First, the template matching model acts on the graphics symbols database. The input document picture is implicit here as it stays constant throughout the pipeline. Then, the template matching model returns one match per pixel in the document picture. A suitable cut-off threshold as a hyper-parameter will reduce the number of symbols based on the confidence scores. So, we only select the top match for each database object (template). Next, the discriminator model acts on the top matches. Furthermore, thus the template-matching model and the discriminator model participate in a function composition at two different levels of abstraction. In this composition, template matching works with raw pixels, whereas discrimination works with high-level embedding vectors.

$$updated \ scores = Discriminate \circ Match(database),$$

where \(\circ \) denotes the function composition by first applying Match and then Discriminate on the database, object by object.

If we assume that events M and D are independent (or slightly correlated), then we can say that they are conditionally independent given T.

$$P(MD | T) = P(M | T) \cdot P(D | T)$$

Therefore the updated probability will be:

$$P(T | MD) = \frac{P(M | T) \cdot P(D | T) \cdot P(T)}{P(MD)}$$

Performing some computation to simplify the posterior probability:

$$P(T | MD) = \frac{P(M | T) \cdot P(DT)}{P(MD)}$$
$$P(T | MD) = \frac{P(M | T) \cdot P(T | D) \cdot P(D)}{P(MD)}$$
$$P(T | MD) = \frac{P(M | T) \cdot P(T | D)}{Q(1, 2)},$$

where \(Q(1, 2) = \frac{P(MD)}{P(D)}\).

Since \(1 = P(T | MD) + P(F | MD)\), therefore:

$$1 = \frac{P(M | T) \cdot P(T | D) + P(M | F) \cdot P(F | D)}{Q(1, 2)}.$$

Now, it is obvious that

$$Q(1, 2) = P(M | T) \cdot P(T | D) + P(M | F) \cdot P(F | D)$$

And that conclusion implies that the updated probability is as follows:

$$\begin{aligned} P(T | MD) = \frac{P(M | T) \cdot P(T | D)}{P(M | T) \cdot P(T | D) + P(M | F) \cdot P(F | D)} \end{aligned}$$

Q: Where do we get the value P(M|T) from? A: The Average Recall (AR) of the template matching function gives the value for P(M|T). It is the probability that the fast template matching algorithm identifies a symbol given that it is a true symbol. Q: Where do we get the value P(T|D) from? A: The Average Precision (AP) of the discriminator function gives the value for P(T|D). It is the probability that a symbol is true given that the discriminator model has labeled it positive. Q: What does P(M|F) mean? A: It is the probability that the template-matching model identifies a symbol given that it is negative. Q: What does P(F|D) mean? A: It is the probability that a symbol is false given that the discriminator model has labeled it positive.

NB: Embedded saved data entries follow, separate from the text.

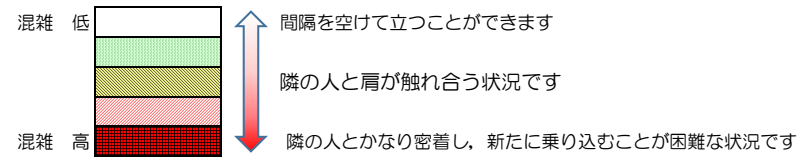

七隈線（天神南方面）の混雑状況

■ **令和4年9月14日(水)**のご利用状況をもとに作成しています。

混雑状況の目安

(天神南方面)	橋本 ↳ 次郎丸	次郎丸 ↳ 賀茂	賀茂 ↳ 野芥	野芥 ↳ 梅林	梅林 ↳ 福大前	福大前 ↳ 七隈	七隈 ↳ 金山	金山 ↳ 茶山	茶山 ↳ 別府	別府 ↳ 六本松	六本松 ↳ 桜坂	桜坂 ↳ 薬院大通	薬院大通 ↳ 薬院	薬院 ↳ 渡辺通	渡辺通 ↳ 天神南
7:00 - 7:15															
7:15 - 7:30										Low	Low	Low	Low	Low	
7:30 - 7:45									Low		Low	Low	Low	Low	
7:45 - 8:00										Low	Low	Low	Low		
8:00 - 8:15							Low	Low	Low	Low	High	High	High	Low	
8:15 - 8:30								Low	Low	Low	Low	Low	Low	Low	
8:30 - 8:45															
8:45 - 9:00															
9:00 - 9:15															
9:15 - 9:30															
9:30 - 9:45															
9:45 - 10:00															

※上記の混雑状況は、目安です。
※同じ時間帯でも列車毎の混雑状況には偏りがあります。

The template matching model produces potential bounding boxes in a digital reproduction with the graphic symbols database. Next in the pipeline, we use an attention mechanism to discriminate for the boxes that are more likely to be true with the given digital reproduction. The discriminator is indifferent to the location of the query symbol and only cares about whether the matching box is similar to it or not. Therefore, the discrimination step is an image classification task in essence. Figure 4 shows how the two steps, symbol matching, and classification, share the same database objects. The discrimination model, step 5 in Fig. 3, introduces a posterior probability function P(T|D) and assigns to every box a value from −1 to 1. The sequential update of information now changes first to consider event M and then update with event D.

Fig. 4.
figure 4

Filtering noise with low overhead as the inference has lower latency.

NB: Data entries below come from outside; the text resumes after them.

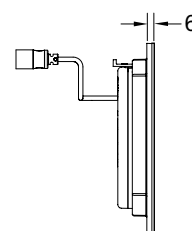

Панели смыва для писсуаров – Электронные системы смыва TECEfilo

Электронная панель смыва писсуара TECEfilo, стекло, питание от сети 230 В

Полный комплект для сборки бесконтактного инфракрасного смывного устройства с поверхностью FENIX (FENIX® от Arpa Industriale), подходит для корпуса сливного клапана писсуара TECE U 2.

Минимальное рабочее давление в системе — 0,5 бар.

Скрытое винтовое крепление.

Возможность настройки функции времени смыва, паузы для экономии воды, функции установки крышки писсуара, функции смыва, предварительного смыва и гигиенического смыва.

Комплект поставки:

- Магнитный вентиль с грязевым фильтром
- Сверхплоская прикручиваемая панель FENIX с датчиком обнаружения
- Крепежные элементы/ крепежные материалы
- Ключ для программирования

Размеры (ш x в x г): 100 x 150 x 5 мм.

Цвет	Совместима с	Выставочные образцы	арт.		К 1	€/шт.
Castoro Ottawa / Бежево-коричневый	FENIX® by Arpa Industriale	Да	9242021	SALE	1 шт.	1 051,00

Информацию о выставочных образцах можно получить в «Каталоге рекламной продукции».

Электронная панель смыва писсуара TECEfilo-Velvet, питание от батареи 7,2 В

Полный комплект для сборки бесконтактного инфракрасного смывного устройства с поверхностью FENIX (FENIX® от Arpa Industriale), подходит для корпуса сливного клапана писсуара TECE U 2.

Минимальное рабочее давление в системе — 0,5 бар.

Скрытое винтовое крепление.

Возможность настройки функции времени смыва, паузы для экономии воды, функции установки крышки писсуара, функции смыва, предварительного смыва и гигиенического смыва.

Комплект поставки:

- Магнитный вентиль с грязевым фильтром
- Сверхплоская прикручиваемая панель FENIX с датчиком обнаружения
- Крепежные элементы/ Крепежные материалы
- Ключ для программирования
- Батарея 7,2 В (2 x R6 — AA 3,6 В)

Размеры (ш x в x г): 100 x 150 x 5 мм.

Finally, we can normalize the discrimination confidence score by adding one unit and dividing it by 2 to get a correct probability value in [0, 1], formally known as an affine transformation. Next, we use it to replace the score from the template matching step. The posterior probability P(T|MD) is correlated to the scores coming from both steps: template matching and discrimination. The rest of the pipeline will work the same (see Fig. 5). In the following subsection, we are going to use this result to focus on the feature engineering that maximizes P(T|D), that is, the true positive rate has given the second event, discrimination.

Fig. 5.
figure 5

Identifications on the left side and ground truth on the right.

4.2 Latent Clustering

By now, we have established the probability that a graphic symbol is true given that the discriminator model has labeled it positive works based on a correlation between the source symbol and the target identification. As indicated, we need to look more closely at the choice of metric and distance functions. Because the more accurate we are in determining the actual distance between two objects, the better we can reason about if the two objects in question are related and why.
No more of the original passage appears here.